Code and data for EMNLP2019 Paper "Uncover the Ground-Truth Relations in Distant Supervision: A Neural Expectation-Maximization Framework".
This work focuses on the noisy-label problem in distant supervision, while most of the previous works in this setting assume that the labels of a bag is clean and what makes the noisy nature of distant-supervised data is that the sentences in the bag may be noisy. Through a careful investigation of the distant-supervised data sets, we argue that both sentences and labels can be noisy in a bag. The following figure uncovers the cause of noise in distant supervision.
In distant supervision, one attempts to connect labels of a bag (left side in the figure) with relations of the knowledge graphs (right side in the figure). The ground-truth labels (center in the figure) however can not be seen. The noise occurs due to the gaps between the bags and the knowledge graphs. For example, the bag in the above figure will be assigned three labels (r2, r3, r4). However, r4 is an obviously wrong label for this bag since all the sentences (s1, s2, s3) don't support r4. And r1 is a missing label for this bag because s1 support relation r1. These two cases are so-called noisy-label problem. The extensively studied noisy-sentence problem is also reflected in the figure. For example, s1 and s3 are noisy sentences for bag label r2, since s1 and s3 don't support relation r2.
We proposed a nEM framework to deal with the noisy-label problem. We manually labeled a subset of the test set of the Riedel dataset (NYT). The following figure shows the evaluation result on this clean test set. The baselines are PCNN+MEAN (Lin et al., 2016), PCNN+MAX (Jiang et al., 2016) and PCNN+ATT (Lin et al., 2016)
The Riedel dataset (Riedel et al., 2010) used in this paper is publicly available. We provide the processed version of this dataset in addition to our manually labeled test set (data.zip). You can download it from this Google Drive link or this Baidu Cloud link.
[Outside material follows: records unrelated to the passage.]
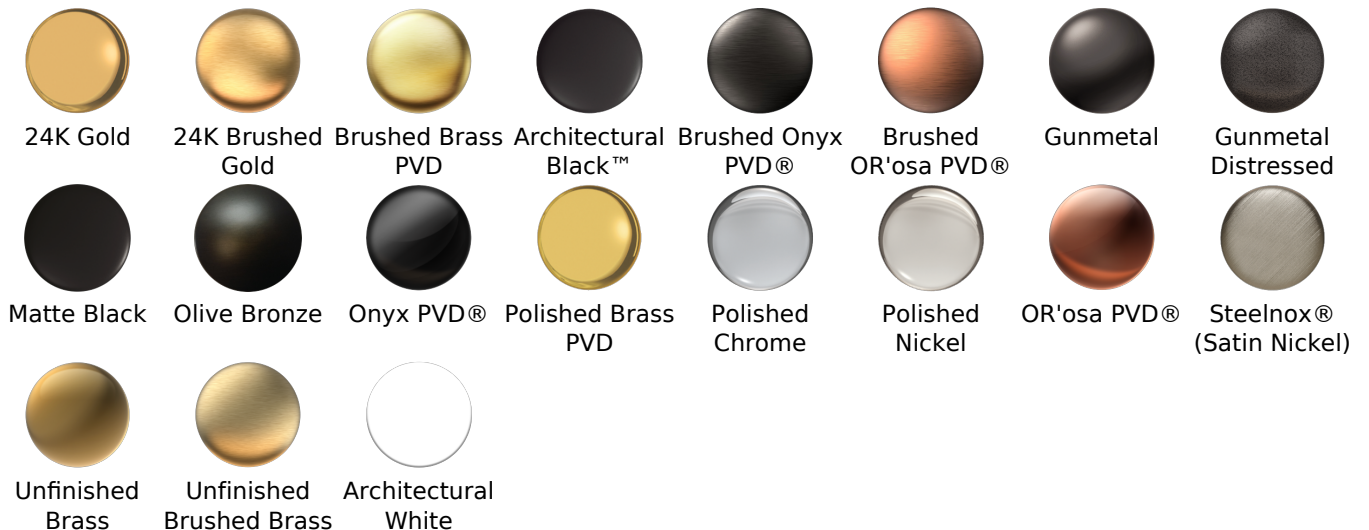

### Available Finishes

- Polished Chrome  
G-6365-PC
- Brushed Nickel  
G-6365-BNi
- Polished Nickel  
G-6365-PN
- Olive Bronze  
G-6365-OB
- Unfinished Brass\*  
G-6365-UB\*
- Gold\*  
G-6365-AU\*
- Brushed Gold\*  
G-6365-BAU\*

**Finishes**

With regard to the TACRED dataset, please refer to (Zhang et al., 2017).
-
entity2id.txt: all entities and corresponding ids, one per line.
-
relation2id.txt: all relations and corresponding ids, one per line.
-
word2id.txt: words in the vocabulary and corresponding ids, one per line.
-
vec.txt: the pre-train word embedding file provided by (Lin et al., 2016).
-
word_embed.npy: the word embeddings for each word in the vocabulary.
-
train.txt: training set, format (fb_mid_e1, fb_mid_e2, e1_name, e2_name, relation, sentence).
-
test.txt: the original test set, same format as train.txt.
-
manualTest.txt: the manually labeled test set.
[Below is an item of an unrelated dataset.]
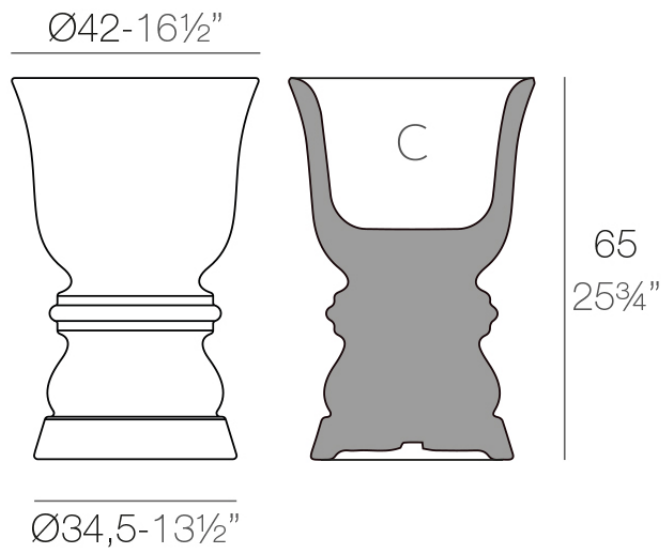

### Description

Pot made of polyethylene resin by rotational moulding. 100% Recyclable. Item suitable for indoor and outdoor use. Available in different finishes.

Weight: 6.42 Kg

SUAVE Macetero 65 cm  
SUAVE Planter  $25\frac{3}{4}"$

The models are implemented using Pytorch.
-
data_loader.py: data processing.
-
model.py: implemented models, including sentence encoder, sentence selector, nEM framework.
-
main.py: model training and evaluation. Parameters' setting.
-
run_RE.sh: the shell commands for baseline models' training and testing.
-
run_EM.sh: the shell commands for nEM model's training and testing.
- CNN encoder.
- GRU encoder.
- PCNN encoder.
- MEAN selector (Lin et al., 2016).
- MAX selector (Jiang et al., 2016).
- ATT selector (Lin et al., 2016). Note that our implemented attention-selector (refer to as multi-relational attention selector) is slightly different from that one in (Lin et al., 2016).
- E-step: computing a distribution on groud-truth labels.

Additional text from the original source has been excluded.